- **Records provided**
====
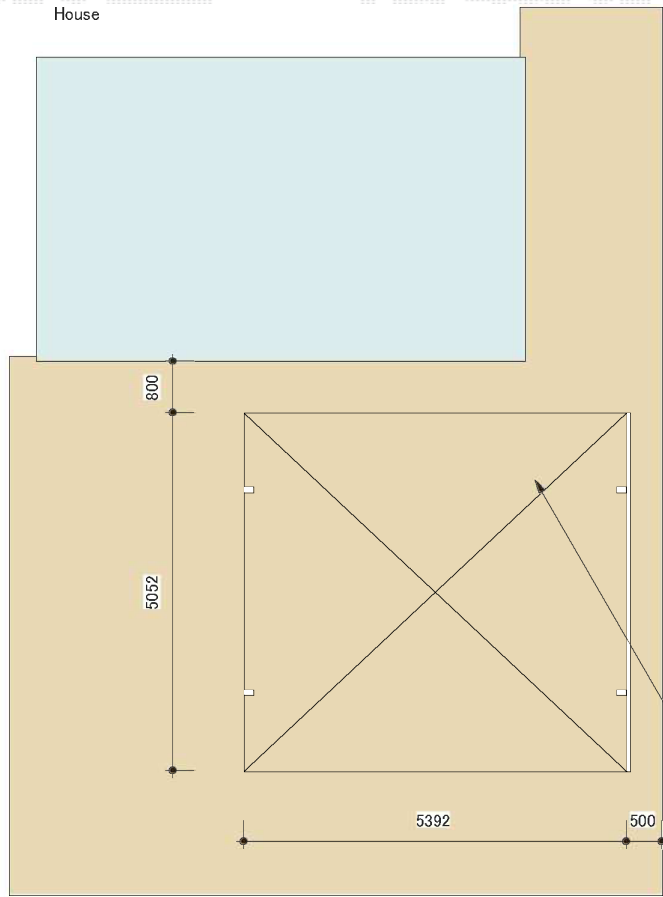

レイナツインポート 積雪～20cm対応

カーポート: YKK AP レイナツインポート
5154/標準柱
サイドパネル08/1段

現場状況や作図制限により概略図の内容と多少の違いが生じることがございます。
施工時は、現場優先とさせていただきますので、お立会い頂き、
最終のご指示のほど、何卒、宜しくお願い致します。

EX-SHOP
HTTP://WWW.EX-SHOP.NET

担当: 吉岡

全ての著作権は、エクスショップに帰属します。当社とのお取引目的外の使用・複製・転載禁止となっております。
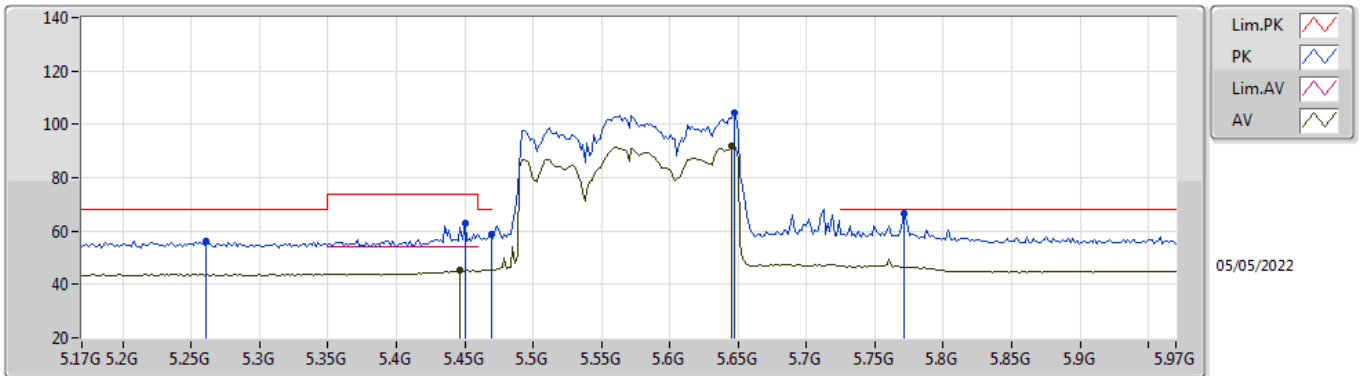

802.11ax HEW160-BF_Nss1,(MCS0)_4TX

5570MHz_TnomVnom

EUT_X_4TX
Setting 76
02-B-R-5-10

Type	Freq (Hz)	Level (dBuV/m)	Limit (dBuV/m)	Margin (dB)	Raw (dBuV)	Dist (m)	Condition	Azimuth (°)	Height (m)	Comment	AF (dB)	CL (dB)	PA (dB)
PK	5.2612G	56.08	68.20	-12.12	49.17	3	Horizontal	179.2	1.71	-	33.72	5.33	32.14
PK	5.45G	63.14	74.00	-10.86	55.82	3	Horizontal	179.2	1.71	-	34.00	5.45	32.13
AV	5.4468G	45.17	54.00	-8.83	37.85	3	Horizontal	179.2	1.71	-	34.00	5.45	32.13
PK	5.4692G	58.74	68.20	-9.46	51.40	3	Horizontal	179.2	1.71	-	34.00	5.47	32.13
PK	5.6468G	104.43	Inf	-Inf	97.16	3	Horizontal	179.2	1.71	-	33.81	5.60	32.14
AV	5.6452G	92.06	Inf	-Inf	84.79	3	Horizontal	179.2	1.71	-	33.81	5.60	32.14
PK	5.7716G	66.56	68.20	-1.64	59.31	3	Horizontal	179.2	1.71	-	33.80	5.60	32.15
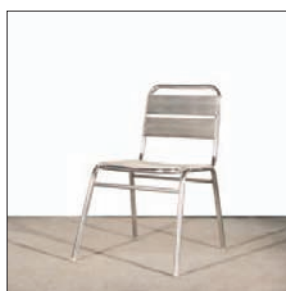

Scaun bar ABS alb EUR 8.00
(sezut mic)
Cod 025.010.040.087

Scaun bar ABS EUR 8.00
Cod 025.010.040.082 – gri
Cod 025.010.040.083 – rosu
Cod 025.010.040.085 – portocaliu

Scaun bar alb EUR 7.00
Cod 025.010.040.079

Scaun Eames-alb EUR 12.00
Cod 025.010.040.150
(61 x 62 x 77,5 cm)

Scaun plastic transparent EUR 7.00
Cod 025.010.040.035

Scaun aluminiu EUR 10.00
Cod 025.010.040.015

Scaun plastic EUR 2.00
(alb)
Cod 025.010.040.060
====
- **Exercise instructions**
Set down the entries above exactly; no pictures belong in the copy.

- **Result of this exercise**
レイナツインポート 積雪～20cm対応

カーポート: YKK AP レイナツインポート
5154/標準柱
サイドパネル08/1段

現場状況や作図制限により概略図の内容と多少の違いが生じることがございます。
施工時は、現場優先とさせていただきますので、お立会い頂き、
最終のご指示のほど、何卒、宜しくお願い致します。

EX-SHOP
HTTP://WWW.EX-SHOP.NET

担当: 吉岡

全ての著作権は、エクスショップに帰属します。当社とのお取引目的外の使用・複製・転載禁止となっております。

802.11ax HEW160-BF_Nss1,(MCS0)_4TX

5570MHz_TnomVnom

EUT_X_4TX
Setting 76
02-B-R-5-10

Type	Freq (Hz)	Level (dBuV/m)	Limit (dBuV/m)	Margin (dB)	Raw (dBuV)	Dist (m)	Condition	Azimuth (°)	Height (m)	Comment	AF (dB)	CL (dB)	PA (dB)
PK	5.2612G	56.08	68.20	-12.12	49.17	3	Horizontal	179.2	1.71	-	33.72	5.33	32.14
PK	5.45G	63.14	74.00	-10.86	55.82	3	Horizontal	179.2	1.71	-	34.00	5.45	32.13
AV	5.4468G	45.17	54.00	-8.83	37.85	3	Horizontal	179.2	1.71	-	34.00	5.45	32.13
PK	5.4692G	58.74	68.20	-9.46	51.40	3	Horizontal	179.2	1.71	-	34.00	5.47	32.13
PK	5.6468G	104.43	Inf	-Inf	97.16	3	Horizontal	179.2	1.71	-	33.81	5.60	32.14
AV	5.6452G	92.06	Inf	-Inf	84.79	3	Horizontal	179.2	1.71	-	33.81	5.60	32.14
PK	5.7716G	66.56	68.20	-1.64	59.31	3	Horizontal	179.2	1.71	-	33.80	5.60	32.15

Scaun bar ABS alb EUR 8.00
(sezut mic)
Cod 025.010.040.087

Scaun bar ABS EUR 8.00
Cod 025.010.040.082 – gri
Cod 025.010.040.083 – rosu
Cod 025.010.040.085 – portocaliu

Scaun bar alb EUR 7.00
Cod 025.010.040.079

Scaun Eames-alb EUR 12.00
Cod 025.010.040.150
(61 x 62 x 77,5 cm)

Scaun plastic transparent EUR 7.00
Cod 025.010.040.035

Scaun aluminiu EUR 10.00
Cod 025.010.040.015

Scaun plastic EUR 2.00
(alb)
Cod 025.010.040.060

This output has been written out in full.